* [REQUIREMENT]:
Among the records, which lines include "angle"? List them.

EXERCISE DATA section start

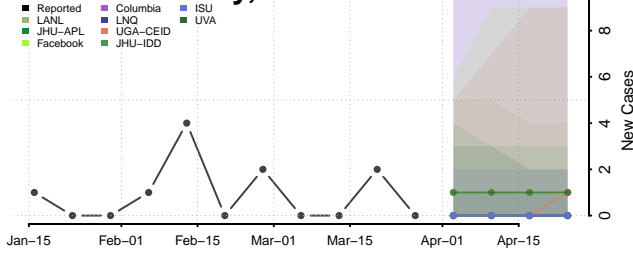

Stafford County, Kansas

Stanton County, Kansas

Stevens County, Kansas

Sumner County, Kansas

Thomas County, Kansas

Trego County, Kansas

Wabaunsee County, Kansas

Wallace County, Kansas
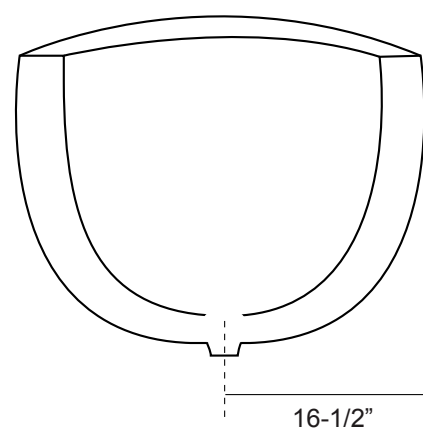

Kaya Freestanding Resin Tub on Short Plinth

Tub Dimensions: 70-1/2" L x 33" W x 19-1/4" H.

All measurements are approximate.

5 year manufacturer's warranty.

Tub Weight Uncrated: 231lbs. Tub Weight Crated: 456 lbs.

Water depth is 16-1/2" to the top of tub.

All measurements are approximate.

Measurements may vary +/- 1/2".
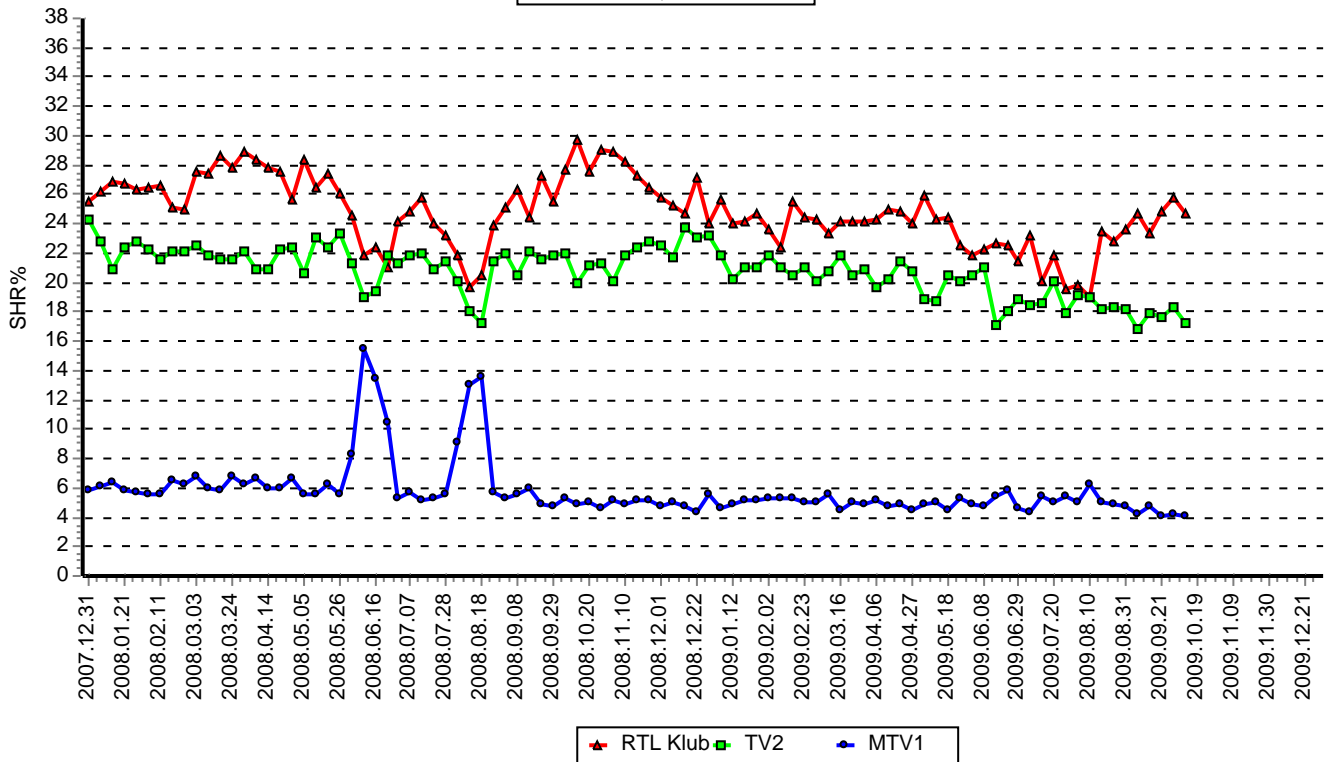

02:00-25:59
A18-49, SHR%
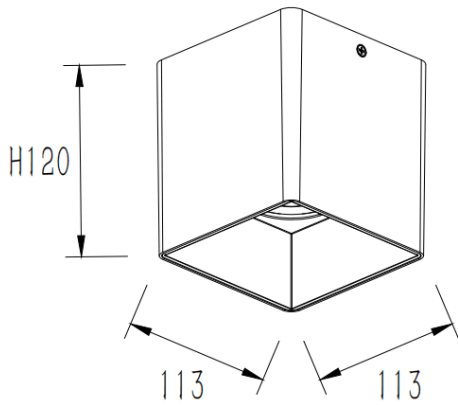

PILAR

Lavov Ceiling downlight from the family PILAR with a power of 35W and a 40 beam angle. Finished in White colour. Dimensions 113x113x120 mm.. With a total lumen output of 2800lm and a luminous efficiency of 80lm/W. CCT 3000K. Driver ON-OFF. Made in Die Cast Aluminium Body, Front Cover Tempered Glass. .IP65.

Dimensions

Product dimensions (mm) **113x113x120 mm**

Scheme

Item code	86.OC01.3321.01
Product type	Outdoor
Category	Surface Ceiling Downlight
Family	PILAR

Pictograms

	220 240 V		CRI 80	SDCM 3
	On Off	IP 20	50000h L80B10	

Product	
Real power (W)	35
Real luminous flux (Lm)	2800
Luminous efficiency (Lm/W)	80
Beam angle (°)	40
Life time (h)	50000h L80B10
IP	IP65
Colour	White
Control gear included	Yes
Control gear	ON-OFF
Light source	LED
Type of LED	COB
Colour temperature (K)	3000
Colour consistency (SDCM)	SDCM3
CRI	80
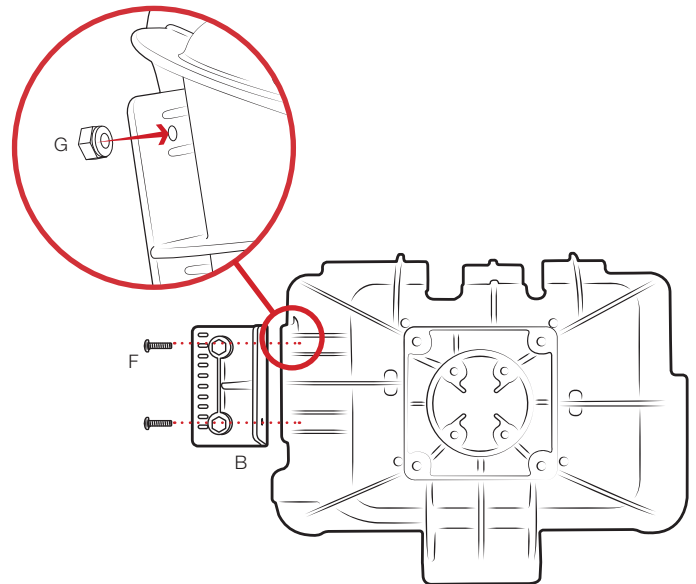

Part Index

*not to scale

A
x1

B
x1

C
#10-24 x 5/8"
x4

D
#10-24 Nylock
x4

E
#8-32 x 5/8"
x4

F
#8-32 x 1/2"
x2

G
#8-32 Nylock
x6

H
x1

I
x1

J
x1

K
x1

! When using tablet without rugged boot, install included inserts to maintain proper fit.

RMR-INS-ZE20SB

Safety Precaution

Do not install this product near or over an airbag deployment area or in a location that obstructs the driver's vision or interferes with vehicle operation. National Products, Inc does not assume responsibility or liability for any such personal injury, death or property damage.

EXERCISE DATA section end

* [RESPONSE AREA]:
Lavov Ceiling downlight from the family PILAR with a power of 35W and a 40 beam angle. Finished in White colour. Dimensions 113x113x120 mm.. With a total lumen output of 2800lm and a luminous efficiency of 80lm/W. CCT 3000K. Driver ON-OFF. Made in Die Cast Aluminium Body, Front Cover Tempered Glass. .IP65.
Beam angle (°)	40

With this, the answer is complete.